BridgeBio Pharma has reported positive results from Phase 3 ATTRibute-CM study of acoramidis for patients with transthyretin amyloid cardiomyopathy (ATTR-CM).
Acoramidis is an investigational, next-generation, orally-administered small molecule stabiliser of transthyretin (TTR).
ATTRibute-CM study was designed to assess the efficacy and safety of acoramidis.
In the trial, the TTR stabiliser showed statistically significant improvement in the primary endpoint by a Win Ratio of 1.8.
The on-treatment survival rate was observed at 81% against 74% on placebo. The absolute risk reduction was 6.43% and the relative risk reduction was found at 25%.
Additionally, a highly statistically significant relative risk reduction of 50% was recorded on the frequency of cardiovascular-related hospitalisation.
Furthermore, BridgeBio found a statistically significant treatment effect at 30 months across additional measured markers of morbidity, quality of life, and function.

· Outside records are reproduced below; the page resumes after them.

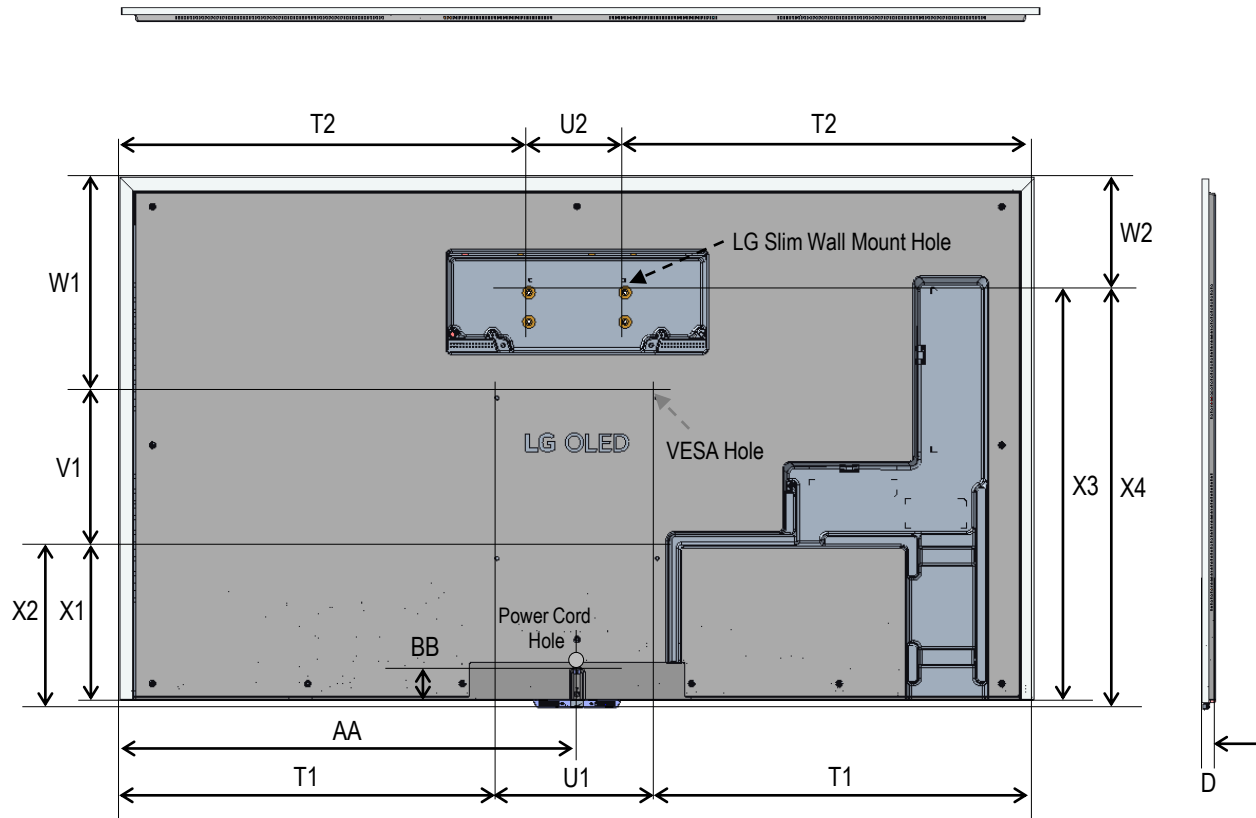

Detail Dimension of TV

OLED Z3 (88)

Unit : mm

Size	88 inch 222cm
S	1687
T	680
U	600
V	400
W	622
X1	94
X2	100.5
Y	591
AA	1201
BB	36
D	51

Unit : M

Size	88 inch
Power Cord length	1.5M↑

Unit : mm

Size	77 inch 194cm
S	1602
T1	659
U1	400
V1	400
W1	219
X1	360
X2	366
T2	769
U2	180
W2	142
X3	837
X4	843
AA	809
BB	93
D	33.3

Unit : M

Size	77 inch
Power Cord length	1.5M↑

Detail Dimension of TV

OLED M3 (83 • 77)

Unit : mm

Size	83 inch 209cm	77 inch 194cm
T1	724	706
U1	400	300
V1	400	300
W1	387	412
X1	265	265
X2	280	280
T2	834	766
U2	180	180
W2	256	215
X3	796	761
X4	811	777
AA	924	856
BB	59	57
D	28	25

Unit : M

Size	83 inch	77 inch
Power Cord length	1.5M↑	

Unit : mm

Size	97 inch 245cm
T1	777
U1	600
V1	400
W1	527
X1	298
X2	314
T2	254
U2	60
W2	101
X3	1124
X4	1140
AA	943
BB	142
D	28

Unit : M

Size	97inch
Power Cord length	1.5M↑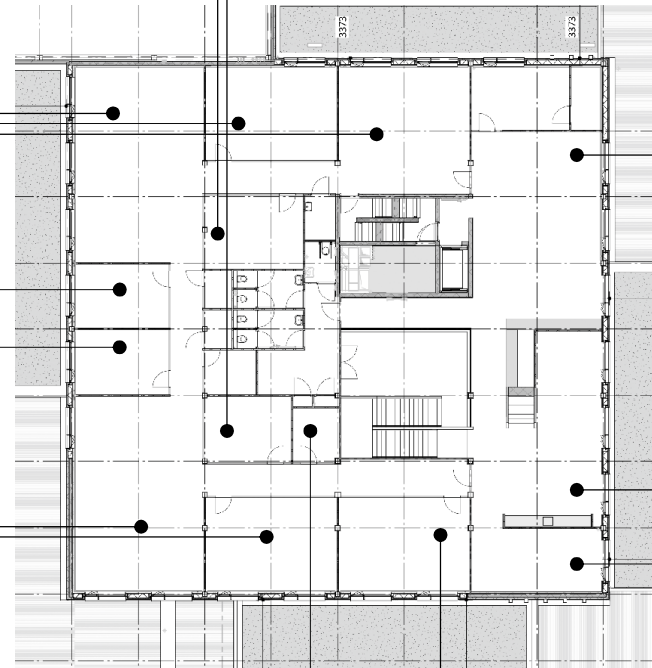

Werkplekmix typologie:
Koffie | ontmoeten | huiskamer

The investigational drug also showed highly statistically significant and clinically meaningful treatment benefits observed at 30 months on the secondary endpoints of N-terminal prohormone of brain natriuretic peptide (NT-proBNP), KCCQ, and a six-minute walk distance.
The comparative exploratory post hoc analyses, made possible by tafamidis drop-in, revealed that acoramidis increased blood TTR levels by 42% more and improved median NT-proBNP by 92% compared to placebo + tafamidis.
BridgeBio Cardiorenal president and chief medical officer Jonathan Fox said: “Our heartfelt thanks go out to the patients, their caregivers, investigators, and study staff who have actively participated in ATTRibute-CM and continue to contribute to this pivotal research.
“We are extremely encouraged by the robustly positive and consistent findings of the ATTRibute-CM study, which confirm our position that highly potent TTR stabilisation has the potential to profoundly impact patients’ lives. We look forward to presenting the data to health authorities to bring acoramidis to patients as expeditiously as possible.”
The biopharmaceutical company plans to submit its New Drug Application (NDA) to the US Food and Drug Administration (FDA) by the end of this year, and regulatory submissions in additional markets will follow in 2024.